Government flips on ASIC levy for charities
By Denis Moriarty, Group Managing Director, Our Community
UPDATE: Credit where credit is due. After a chorus of universal outrage the government has now seen the light and exempted charities from the ASIC levy. Have they learned their lesson? Will they now acknowledge that charities are a vital Australian resource that ought to be encouraged rather than a gang of leftie grifters out to con the public? Here’s hoping. Watch this space….
What we'd said about the earlier proposal
The Australian government apparently wants Australians to pay close scrutiny to the ways in which the nation's charity sector law is a confusing and counterproductive mishmash of pointless complication. If the government ever thinks you're in danger of forgetting, in fact, they send somebody round to kick you hard in the head to regain your attention. Just now, to come to cases, they're imposing a $320 per year levy on charities that are also companies, on the grounds that those ones are registered with ASIC as well as with the ACNC.
This makes no sense at all. ASIC doesn't have any actual responsibilities for regulating companies that are charities - they've passed that job to the ACNC, along with any associated costs. The levy is simple extortion.
If the government actually liked not-for-profits, rather than seeing them as annoying grit in the gears of the juggernaut, it would simply exempt the charities caught up in this.
Headlines like "Australian charities pay the price with new ASIC levy", though, are way too broad.
Only about 12% of NFPs are charities, and only about 12% of those are companies. Most charities are state-regulated incorporated associations, or even unincorporated associations, and they won't have to pay. Neither will trusts, or cooperatives, or statutory authorities.
And while I don't want to see everybody suffer just to make things tidy, this inequality of impact does mean that once again Australian organisations doing identical good things for identical good reasons will be treated entirely differently just because of a legal formality that means nothing to them at any other point in their existence.
It's all rather like section 44 of the Constitution, when you come to think of it - the one that's been randomly bouncing MPs out of their seats on the basis of their parents' citizenship. Someone took a decision 20 or 50 or 100 years ago, everybody got on with their lives, and then out of a clear blue sky a legal quibble hits you like a thunderbolt.
You'd think that the Parliament would be a bit more sympathetic to the sector's complaints, all things considered, given their own problems with the hangover of inappropriate English laws. You might even hope that somebody up there in Canberra would want to fix the underlying problem, which is that the whole not-for-profit sector is staked out directly over the yawning rifts in the Australian federal system.
Companies are national, charities are national, associations are state-by-state, and how hard can it possibly be to agree that what Australia needs is one single authority covering not-forprofits, one single regulator, and one single legal form? Let's finally struggle out of this viscous bog.
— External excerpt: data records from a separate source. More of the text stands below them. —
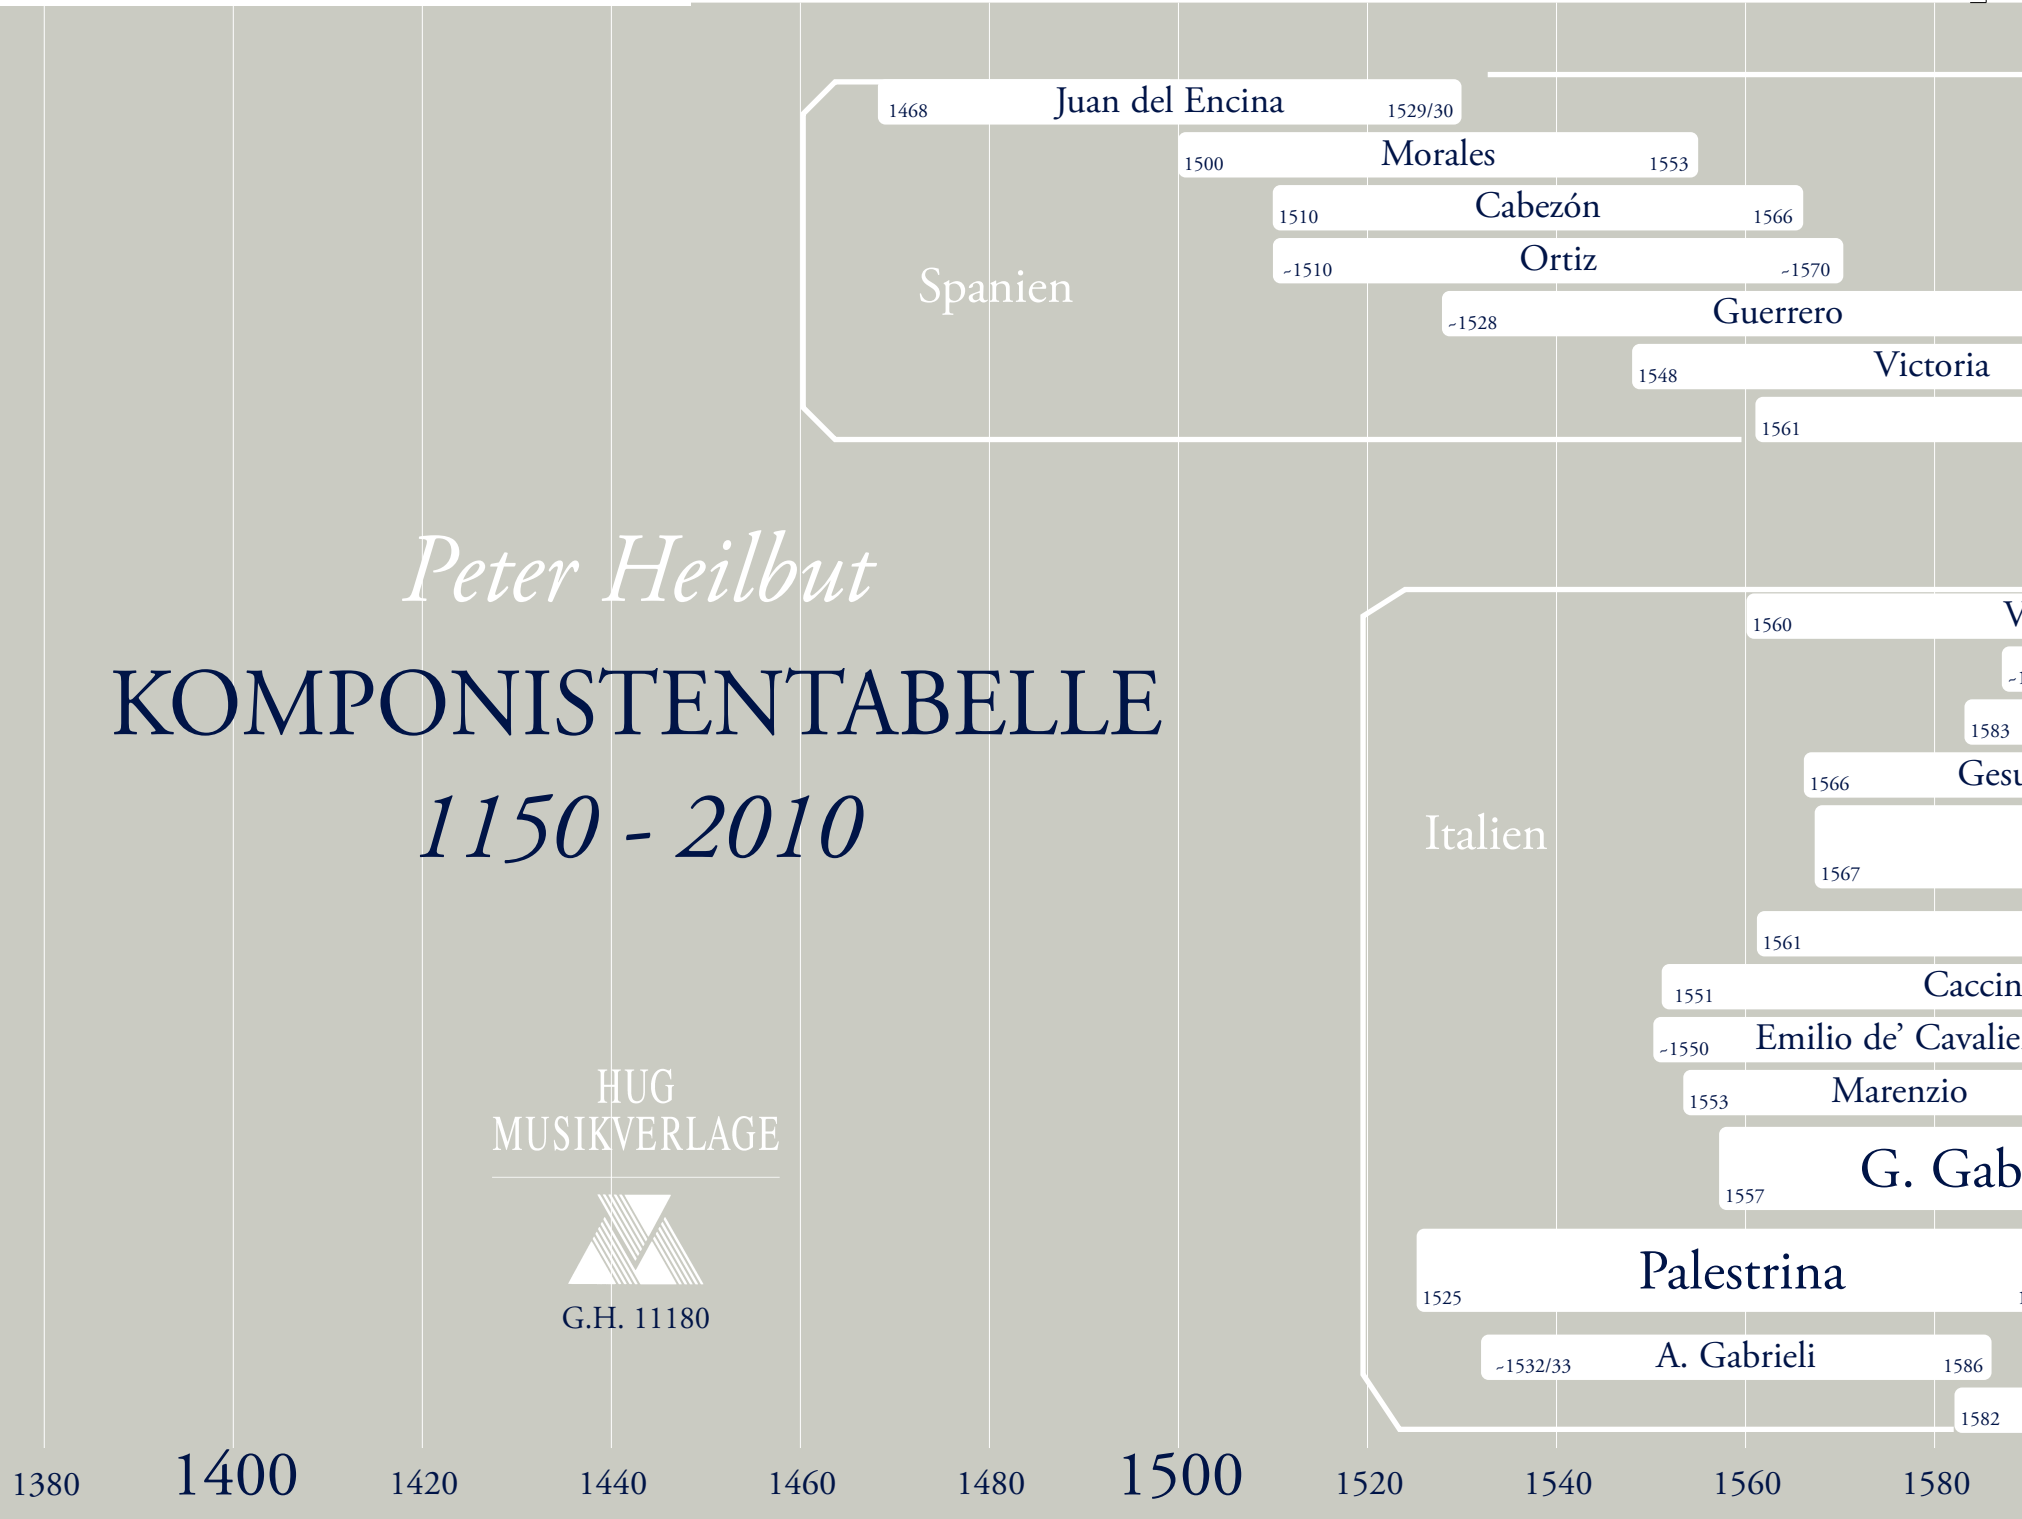

# RENAISS

1380 1400 1420 1440 1460 1480 1500 1520 1540 1560 1580

**England**

- Dunstable: ~1395 - 1453
- Fayrfax: 1464 - 1521
- Davy: ~1467 - 1516
- Cornysh: ? - ~1523
- Taverner: ~1490-95 - 1545
- Tallis: 1505 - 1585
- Morley: ~1557/58 - 1563
- Byrd: ~1539/40 - 1585
- 1583

# ROMANTIK IMPRESSIONISMUS NEUE MUSIK

1820 1840 1860 1880 1900 1920 1940 1960 1980 2000 2010

-1450 **Judenkunig** 1526

1459 **Hofhaimer** 1537

-1490 **Senfl** 1543

1496 **J. Walter** 1570

1560 **Hieronymus**

Hamburg

1553 **Lechner**

1564 **Hassler**

1567

1585

158

158

1571 **I**

1575

-1579

*Peter Heilbut*  
**KOMPONISTENTABELLE**  
*1150 - 2010*
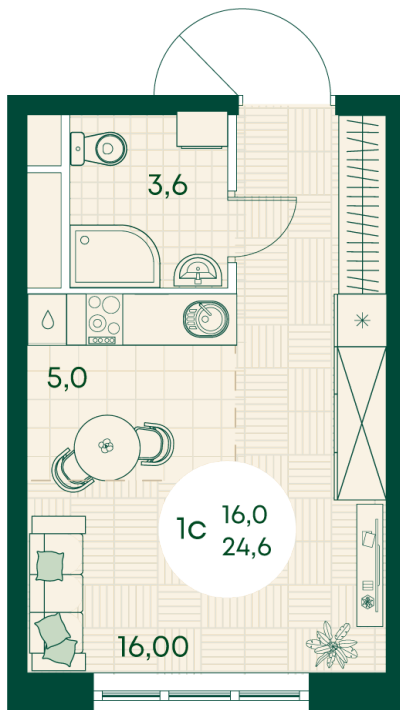

Номер: 1

Студия 24.6 м²

Отсканируйте QR-код
и смотрите на сайте
green-apple.ru

Цена по запросу

Во двор

Корпус	Блок 1	Этаж	2
Секция	1	Сдача	4 кв. 2027

время работы

11.10.2024, 00:31

ПН-ВС: 09:00-19:00

Не является публичной офертой, цена может быть скорректирована. Информация взята с сайта «green-apple.ru»

На этаже 2

Студия 24.6 м²

время работы

ПН-ВС: 09:00-19:00

11.10.2024, 00:31

Не является публичной офертой, цена может быть скорректирована. Информация взята с сайта «green-apple.ru»
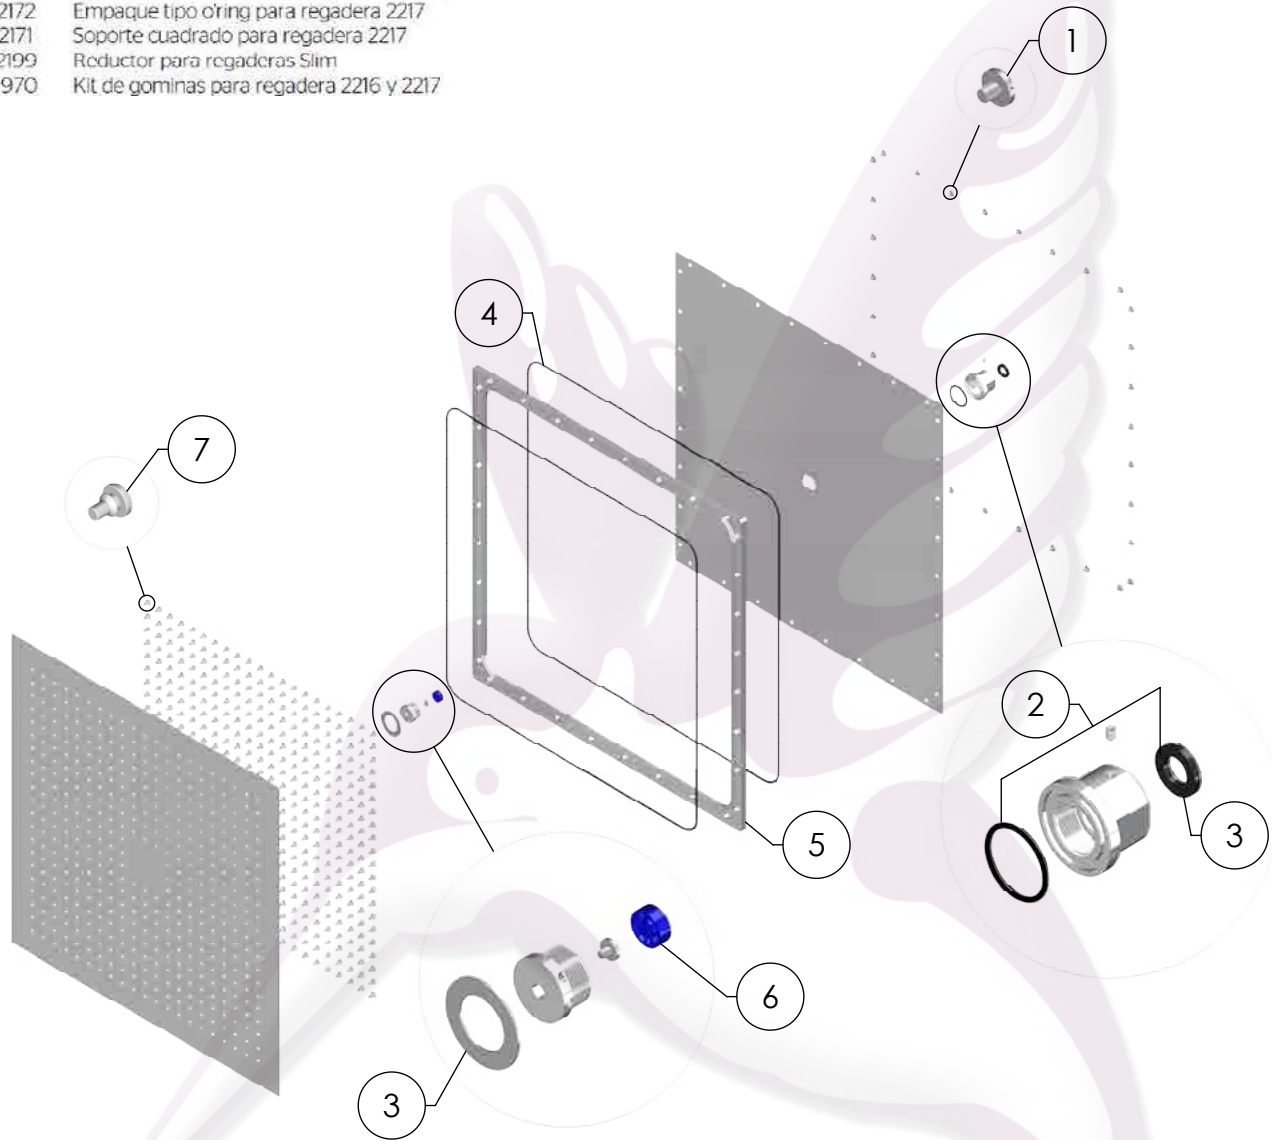

Regadera de plato cuadrada sin brazo

No	Código	Descripción
1	R2802243	Kit de tornillos para regadera 2216 y 2217
2	R2801971	Kit de empaques para bola unión de regaderas 2216 y 2217
3	R2801969	Kit rondana para unión de regadera 2216 y 2217
4	R2802172	Empaque tipo o'ring para regadera 2217
5	R2802171	Soporte cuadrado para regadera 2217
6	R2802199	Reductor para regaderas Slim
7	R2801970	Kit de gominas para regadera 2216 y 2217

Cotas en milímetros

Cotas en milímetros
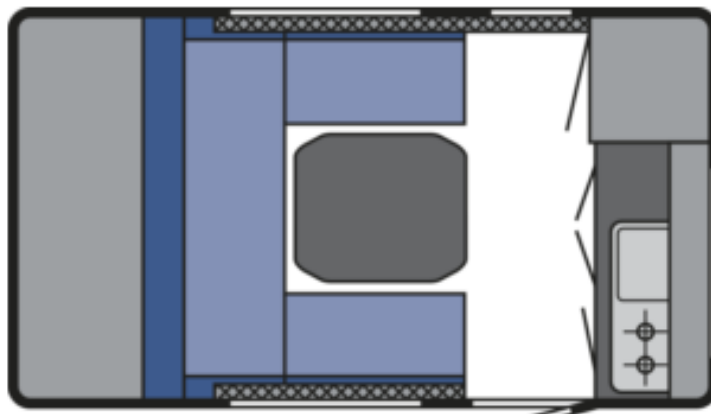

T@B 320 RS BASIC

ÁRGERÐ 2023

Tæknilegar upplýsingar		Eldhús
• Heildarlengd	517 cm	• Gaseldavél með 3 hellum
• Lengd að innan	340 cm	• Ísskápur 60L m/frystihólfi
• Breidd að utan	201 cm	• Kalt vatn
• Breidd að innan	180 cm	Rafmagn, vatn og hiti
• Hæð að utan	244 cm	• 13 póla bíltengi (millistykki í 7 póla)
• Hæð að innan	182 cm	• 220 og 12 volt
• Eigin þyngd	720 kg	• Rafgeymir
• Hámarksþyngd	800 kg	• Straumbreytir með hleðslu
Skipulag hússins		• Vatnstankur 20 lítra
• Fjöldi sæta	6	• TRUMA S 2200 miðstöð
• Fjöldi svefnpláss	2	Almennt
• Rúmið er	200x175 cm	• Heitgalvaniseruð grind
Undirvagn, grind og hús		• ALKO tengi
• Grindargerð	ALKO	• Stuðningsfætur
• Demparar	Já	Aukabúnaður í þessum vagni
• Álagsbremsur m/bakkvörn	Já	• Gardínur
• Einangrun í þaki	31 mm	• 12 volta kerfi
• Einangrun í veggjum	31 mm	• Kassi er fyrir 2x5 kg gaskúta
• Einangrun í gólfi	48 mm	• Ísskápur
• Dekkjastærð	195/55R15	• Áklæði Basic

Have the states hand over their powers to the Commonwealth, as they've done in other areas. Sort out tax on the basis of what you do, not what you are.
Here at Our Community we're often asked whether prospective not-for-profit community groups should start up as companies or as incorporated associations. For small groups, the decision has now become much simpler: stay as far away from the feds as possible. Is that really what the government wants?